Connectivity to Antarctica still limited

Subsea cables can now reach more 300 terabits per second (Tbps) but the McMurdo station has a satellite connection providing something closer to 25Mbps to share between up to 1,000 people in the Austral summer. Even the International Space Station, in Earth orbit, does better than our most southern continent; at 600Mbps - more than 20 times the bandwidth of McMurdo.

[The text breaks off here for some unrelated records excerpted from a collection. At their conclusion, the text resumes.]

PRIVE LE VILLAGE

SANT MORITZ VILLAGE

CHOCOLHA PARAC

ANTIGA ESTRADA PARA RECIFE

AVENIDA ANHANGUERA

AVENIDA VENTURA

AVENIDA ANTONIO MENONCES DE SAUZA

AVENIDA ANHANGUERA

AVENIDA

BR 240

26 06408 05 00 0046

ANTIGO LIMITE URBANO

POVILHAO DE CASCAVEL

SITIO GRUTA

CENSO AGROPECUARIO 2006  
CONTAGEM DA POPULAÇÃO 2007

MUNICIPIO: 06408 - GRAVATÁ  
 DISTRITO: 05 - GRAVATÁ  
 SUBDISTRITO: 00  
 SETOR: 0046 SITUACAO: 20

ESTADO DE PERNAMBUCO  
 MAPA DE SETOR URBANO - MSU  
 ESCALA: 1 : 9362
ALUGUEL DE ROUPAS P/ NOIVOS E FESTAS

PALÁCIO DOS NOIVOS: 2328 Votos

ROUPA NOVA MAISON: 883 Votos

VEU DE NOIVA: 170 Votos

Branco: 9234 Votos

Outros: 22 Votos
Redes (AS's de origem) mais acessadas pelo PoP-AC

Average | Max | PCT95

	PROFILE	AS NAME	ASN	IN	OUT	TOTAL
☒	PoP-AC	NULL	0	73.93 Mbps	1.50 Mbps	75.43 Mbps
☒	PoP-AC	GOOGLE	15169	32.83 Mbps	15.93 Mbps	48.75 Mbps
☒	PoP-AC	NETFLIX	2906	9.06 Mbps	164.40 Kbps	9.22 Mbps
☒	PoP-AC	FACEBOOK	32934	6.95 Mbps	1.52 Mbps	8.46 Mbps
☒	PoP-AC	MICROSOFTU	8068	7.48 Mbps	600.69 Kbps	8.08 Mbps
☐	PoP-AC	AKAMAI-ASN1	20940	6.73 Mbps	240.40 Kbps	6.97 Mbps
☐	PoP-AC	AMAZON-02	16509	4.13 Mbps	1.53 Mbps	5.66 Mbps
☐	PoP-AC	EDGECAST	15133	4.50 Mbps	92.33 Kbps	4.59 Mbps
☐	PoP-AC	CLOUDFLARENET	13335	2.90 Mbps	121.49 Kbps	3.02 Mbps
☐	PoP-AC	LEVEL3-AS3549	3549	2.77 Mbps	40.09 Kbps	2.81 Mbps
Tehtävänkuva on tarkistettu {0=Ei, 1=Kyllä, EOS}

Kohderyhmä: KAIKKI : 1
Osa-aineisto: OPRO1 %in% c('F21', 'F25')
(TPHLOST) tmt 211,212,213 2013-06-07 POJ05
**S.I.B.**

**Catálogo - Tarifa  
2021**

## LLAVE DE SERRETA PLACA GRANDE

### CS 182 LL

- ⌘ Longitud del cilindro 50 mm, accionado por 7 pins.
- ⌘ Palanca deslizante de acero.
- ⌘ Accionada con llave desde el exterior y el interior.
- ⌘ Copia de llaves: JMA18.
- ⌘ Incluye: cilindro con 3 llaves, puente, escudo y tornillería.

The National Science Foundation is strongly considering laying a subsea cable from Ross Island to New Zealand, something that provide ‘essentially infinite capacity’ to the base compared its current bandwidth. However, while the cable could connect the base, and even act as a ‘terabit hotspot' for last-mile connections out into the near field, the South Pole will remain a connectivity challenge.

“The South Pole Station has our biggest demand for data with the burgeoning astronomy and astrophysics programs there,” says NSF’s Smith. “Right now, we're supporting them by satellite, and there are discussions about various satellite solutions to meet future needs.”

Smith says when the NSF explored a potential cable to McMurdo a decade ago it also looked at the potential to lay a cable across the Antarctic continent between South Pole and McMurdo - a swathe of land covered in deep ice.

“That was a pretty tough challenge; the whole ice sheet moves, and at different rates; there's a mountain range you have to get over; there's glacial ice draining through that pass you would go through; and then even at sea level on the Ross Ice Shelf, there's a lot of motion and twisting action.”

He notes that satellite is likely to remain key for the South Pole for the foreseeable future.